YouTube, AI, fake news, Black celebrities

As Fake News Videos Attacking Black Celebs On YouTube Increase, So Do Concerns

Black celebrities have become a popular target for AI-generated content on YouTube as it begins to crack down on the fake news videos.

A growing issue on YouTube has Black celebrities being attacked by false content conjured up by artificial intelligence (AI). The platform now hosts many videos that include manipulated media to curate fake headlines about notable Black public figures.

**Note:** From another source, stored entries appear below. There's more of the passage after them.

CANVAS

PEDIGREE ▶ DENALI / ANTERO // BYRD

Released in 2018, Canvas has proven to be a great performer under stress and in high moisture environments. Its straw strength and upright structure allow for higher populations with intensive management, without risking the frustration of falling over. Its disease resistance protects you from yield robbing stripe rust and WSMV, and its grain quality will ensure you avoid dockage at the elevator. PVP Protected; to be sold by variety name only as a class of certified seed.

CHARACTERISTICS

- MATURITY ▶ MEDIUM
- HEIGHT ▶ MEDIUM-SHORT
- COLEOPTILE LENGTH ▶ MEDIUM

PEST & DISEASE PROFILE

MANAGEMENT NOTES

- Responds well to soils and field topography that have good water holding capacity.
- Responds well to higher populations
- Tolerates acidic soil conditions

An investigation conducted by NBC News uncovered 12 accounts that have posted videos utilizing falsified information to garner views. While some they uncovered were merely to bait viewers to watch the content that depicts something different, others spewed defamatory statements off baseless and manipulated claims. The danger not only lies in the validity, but also the numbers of eyes watching them. Many videos attract millions of views.

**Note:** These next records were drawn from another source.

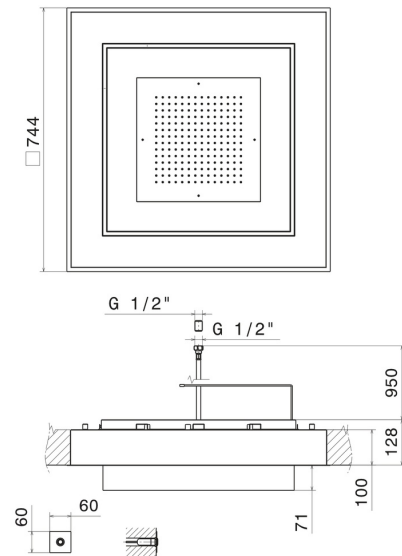

**688.M2.070**

Concealed head shower in INOX AISI 316 stainless steel, with raining jet and chromatherapy lighting system. Equipped with button control - finish Titanium Satin - Matt black

**FEATURES**

Material	<b>Stainless Steel</b>
Installation	<b>Ceiling-mounted</b>

**TECHNICAL DRAWING**

**688.M2.070**

Concealed head shower in INOX AISI 316 stainless steel, with raining jet and chromatherapy lighting system. Equipped with button control - finish Titanium Satin - Matt black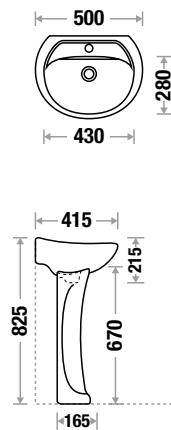

EMERY WB 200 | PD 671

L 465 | W 365 | H 465 mm
 Fixing: Rag Bolt

EVA WB 213 | PD 671

L 470 | W 360 | H 450 mm
 Fixing: Rag Bolt

**efficient
 design**

Basin with Full Pedestal

Basin with Full Pedestal

BERLIN WB 675 | PD 625

CLASSIC WB 617 | PD 695

L 560 | W 420 | H 915 mm
Fixing: Rag Bolt

INOVA WB 676 | PD 695

NEW ARRIVAL

L 610 | W 490 | H 885 mm
Fixing: Rag Bolt

ADAM WB 613 | PD 695

L 520 | W 420 | H 875 mm
 Fixing: Rag Bolt or 6" Bracket

CEDAR WB 637 | PD 695

L 530 | W 420 | H 880 mm
 Fixing: Rag Bolt or 8" Bracket

SIMAS WB 670 | PD 695

L 540 | W 390 | H 865 mm
 Fixing: Rag Bolt

AVTAAR WB 614 | PD 695

L 510 | W 405 | H 895 mm
 Fixing: Rag Bolt

CANON WB 677 | PD 696

NEW
 ARRIVAL

L 500 | W 415 | H 825 mm
 Fixing: Rag Bolt

Urinal

Urinal

COMBO URINAL 130 (WATER SAVER WITH INTEGRATED WASH BASIN)

L 350 | W 385 | H 745 mm
 Basin Size : L 320 | W 250mm
 Fixing : Universal Urinal Bracket
 Accessories Include :

The scheme is also lucrative. YouTube’s monetization policies allow for these fake news videos to accumulate a profit.

YouTube released a statement to NBC denouncing the act while also ensuring there are proper guidelines to stop such tactics.

“YouTube’s Community Guidelines set the rules of the road for what is and is not allowed on our platform, including content that contains targeted harassment or unwanted sexualization,” the statement said. 

However, AI-generated news content remains an issue, with celebrities having to release their own statements denying advertisements using deep-fakes of their voices or their participation in questionable activities. For example, videos swirled rumors of Bishop T.D. Jakes’ involvement in Diddy’s alleged sexual parties, which the mega-pastor addressed and condemned during a sermon, as reported back in December by Complex.

While YouTube has stated it is working to label these videos as synthetic media, the update has yet to be featured. However, its inclusion is becoming a growing necessity, with viewers often being unable to distinguish the truth, to the detriment of many Black celebrities.

“We’ve seen these pages that pop up on YouTube or TikTok, and they will have an AI-generated picture of Rihanna crying over A$AP [Rocky] going to jail, and it’s completely fake,” shared Angelica Nwandu, founder and CEO of Black news source The Shade Room. “Our audience will DM and say, ‘Why aren’t you posting this news?’ ‘Why aren’t you covering this story?’ Because they believe these pages.”

This trend toward targeting Black celebrities through manipulated video is degrading an already tumultuous relationship the Black community has with news media. And, given that 2024 is an election year, the rise of fake content spreading misinformation is not only harmful to Black Hollywood, but, inevitably, to Black voters.